Work instruction: Exactly the lines from the start of the data below through the line containing "по заполнению на" must be returned, and no others.

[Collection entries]
↓

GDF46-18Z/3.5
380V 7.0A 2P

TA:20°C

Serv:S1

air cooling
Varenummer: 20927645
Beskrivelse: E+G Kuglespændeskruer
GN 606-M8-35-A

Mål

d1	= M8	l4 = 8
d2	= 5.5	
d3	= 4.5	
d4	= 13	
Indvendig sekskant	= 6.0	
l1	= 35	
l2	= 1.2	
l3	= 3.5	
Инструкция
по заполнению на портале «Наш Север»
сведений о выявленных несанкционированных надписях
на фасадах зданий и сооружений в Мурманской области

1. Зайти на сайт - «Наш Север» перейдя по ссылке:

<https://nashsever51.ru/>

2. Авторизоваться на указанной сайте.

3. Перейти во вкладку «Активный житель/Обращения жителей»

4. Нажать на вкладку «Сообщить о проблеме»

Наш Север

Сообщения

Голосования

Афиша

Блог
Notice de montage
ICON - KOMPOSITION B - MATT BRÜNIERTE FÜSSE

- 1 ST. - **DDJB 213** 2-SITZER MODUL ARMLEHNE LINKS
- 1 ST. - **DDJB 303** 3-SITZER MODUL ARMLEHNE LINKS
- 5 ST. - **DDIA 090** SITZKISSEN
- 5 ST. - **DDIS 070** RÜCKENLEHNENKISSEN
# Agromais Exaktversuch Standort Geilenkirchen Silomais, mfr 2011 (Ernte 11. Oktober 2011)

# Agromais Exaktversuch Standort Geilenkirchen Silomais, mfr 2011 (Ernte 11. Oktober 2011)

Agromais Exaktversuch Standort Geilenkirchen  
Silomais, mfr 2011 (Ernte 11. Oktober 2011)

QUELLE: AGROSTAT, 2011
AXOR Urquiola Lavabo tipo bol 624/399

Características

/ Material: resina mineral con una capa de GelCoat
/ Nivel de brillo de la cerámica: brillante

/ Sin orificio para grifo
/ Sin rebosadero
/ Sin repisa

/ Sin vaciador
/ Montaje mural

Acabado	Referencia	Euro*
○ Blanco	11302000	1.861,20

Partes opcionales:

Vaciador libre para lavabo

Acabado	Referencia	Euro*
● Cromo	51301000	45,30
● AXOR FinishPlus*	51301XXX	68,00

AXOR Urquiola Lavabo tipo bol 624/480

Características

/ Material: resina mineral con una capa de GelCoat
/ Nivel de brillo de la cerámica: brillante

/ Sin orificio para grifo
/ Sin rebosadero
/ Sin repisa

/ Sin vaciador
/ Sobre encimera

↑

Expected output:
GDF46-18Z/3.5
380V 7.0A 2P

TA:20°C

Serv:S1

air cooling
Varenummer: 20927645
Beskrivelse: E+G Kuglespændeskruer
GN 606-M8-35-A

Mål

d1	= M8	l4 = 8
d2	= 5.5	
d3	= 4.5	
d4	= 13	
Indvendig sekskant	= 6.0	
l1	= 35	
l2	= 1.2	
l3	= 3.5	
Инструкция
по заполнению на портале «Наш Север»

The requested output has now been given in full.